Limits at Infinity---Roots and Absolute Values:
Practice Problems

Since the limit examines positive $$x$$-values, we know $$|x| = x$$.

$$ \displaystyle\lim_{x\to\infty}\,\frac{4\blue{|x|} + 3}{9x -2} % = \lim_{x\to\infty}\,\frac{4\blue x + 3}{9x -2} $$

$$ \begin{align*}% \lim_{x\to\infty}\,\frac{4\blue x + 3}{9\blue x -2} % & = \lim_{x\to\infty}\,\frac{% \blue x\left(% 4 + \frac 3 x% \right)% } {% \blue x\left(% 9 - \frac 2 x% \right)% } \\[6pt] % & = \lim_{x\to\infty}\,\frac{4 + \frac 3 x}{9 - \frac 2 x} \end{align*} $$

$$ \displaystyle\lim_{x\to\infty}\,\frac{4 + \blue{\frac 3 x}}{9 - \red{\frac 2 x}} % = \frac{4 + \blue 0}{9 - \red 0} % = \frac 4 9 $$

$$ \displaystyle \lim_{x\to\infty}\,\frac{4|x| + 3}{9x -2} = \frac 4 9 $$

Since the limit examines negative $$x$$-values, we know $$|x| = -x$$.
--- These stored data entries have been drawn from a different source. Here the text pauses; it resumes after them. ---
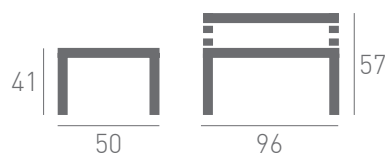

danimobel 

76			Precio Serie A	Precio Serie B
	90	120 60	1250	1350

76			Precio Serie A	Precio Serie B
	90	130 60	1310	1410

76			Precio Serie A	Precio Serie B
	90	140 60	1370	1470

76			Precio Serie A	Precio Serie B
			1610	1710
Opción doble extensible				
	90	140 45 45		

Modelo Centro 100

by danimobel

Modelo Centro 100

by danimobel

La mesa modelo Centro 100 es sin duda la máxima expresión de la elegancia, sus patas de portería extra gruesas le aportan una agradable cualidad de fuerza y armonía.

$$ \begin{align*}% \lim_{x\to-\infty}\,\frac{% 2\blue{|x|}-15% } {% 6-\red{|x|}% } % & = \lim_{x\to-\infty}\,\frac{2\blue{(-x)}-15}{6-\red{(-x)}} \\[6pt] % & = \lim_{x\to-\infty}\,\frac{\blue{-2x}-15}{6\red{+x}} \end{align*} $$

$$ \begin{align*}% \lim_{x\to-\infty}\,\frac{-\blue x-15}{6+\blue x}% % & = \lim_{x\to-\infty}\,\frac{% \blue x\left(% -2-\frac{15} x% \right) } {% \blue x\left(% \frac 6 x+1% \right) } \\[6pt] % & = \lim_{x\to-\infty}\,\frac{% -2-\frac{15} x% } {% \frac 6 x+1% } \end{align*} $$

$$ \displaystyle\lim_{x\to-\infty}\,\frac{% -2-\blue{\frac{15} x}% } {% \red{\frac 6 x}+1% } % = \frac{-2-\blue 0}{\red 0+1} % = -2 $$

$$ \displaystyle \lim_{x\to-\infty}\,\frac{2|x|-15}{6-|x|} = - 2 $$

$$ \begin{align*} \lim_{x\to\infty}\,\frac{3x+\sqrt{\blue{x^2}+1}}{2x+3} % & = \lim_{x\to\infty}\,\frac{% 3x+\sqrt{% \blue{x^2}\left(1+ \frac 1 {x^2}\right) } }{2x+3}\\[6pt] % & = \lim_{x\to\infty}\,\frac{% 3x+\sqrt{\blue{x^2}} \cdot \sqrt{1+ \frac 1 {x^2}} } {2x+3} \\[6pt] % & = \lim_{x\to\infty}\,\frac{% 3x+\blue{|x|} \cdot \sqrt{1+ \frac 1 {x^2}} } {2x+3} \end{align*} $$

Since the limit examines positive value of $$x$$, we know $$|x| = x$$.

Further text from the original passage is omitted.